Competitor Comparisons
StarCraft II Learning Environment
Pros of pysc2
- More comprehensive and feature-rich, providing full access to StarCraft II's API
- Officially supported by DeepMind, ensuring regular updates and maintenance
- Offers a wider range of environments and scenarios for research
Cons of pysc2
- Steeper learning curve due to its complexity and extensive features
- Requires a full StarCraft II installation, which can be resource-intensive
- May be overkill for simpler reinforcement learning experiments
Code Comparison
pysc2:
from pysc2.env import sc2_env
from pysc2.lib import actions
env = sc2_env.SC2Env(map_name="Simple64")
obs = env.reset()
action = actions.FunctionCall(actions.FUNCTIONS.no_op.id, [])
smac:
from smac.env import StarCraft2Env
env = StarCraft2Env(map_name="3m")
env.reset()
action = env.action_space.sample()
Summary
pysc2 offers a more comprehensive toolkit for StarCraft II research, while smac provides a simpler, more focused environment for multi-agent reinforcement learning. pysc2 is better suited for complex scenarios and full game simulations, whereas smac is ideal for quick experiments and specific multi-agent tasks.

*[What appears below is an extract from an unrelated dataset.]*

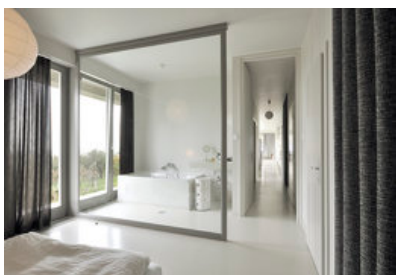

© Bernd Steinhuber

An API standard for multi-agent reinforcement learning environments, with popular reference environments and related utilities
Pros of PettingZoo
- Broader scope: Supports a wide variety of environments beyond just StarCraft
- More active development: Regular updates and contributions from the community
- Standardized API: Consistent interface across different environments
Cons of PettingZoo
- Less specialized: May not have as deep integration with StarCraft as SMAC
- Potentially more complex: The broader scope can make it more challenging to get started
Code Comparison
SMAC example:
from smac.env import StarCraft2Env
env = StarCraft2Env(map_name="3m")
env.reset()
PettingZoo example:
from pettingzoo.magent import battle_v3
env = battle_v3.env()
env.reset()
Both libraries provide easy-to-use interfaces for creating and interacting with environments. SMAC is more focused on StarCraft scenarios, while PettingZoo offers a wider range of environments with a standardized API. The choice between them depends on the specific requirements of your project and whether you need specialized StarCraft features or a more general-purpose multi-agent reinforcement learning framework.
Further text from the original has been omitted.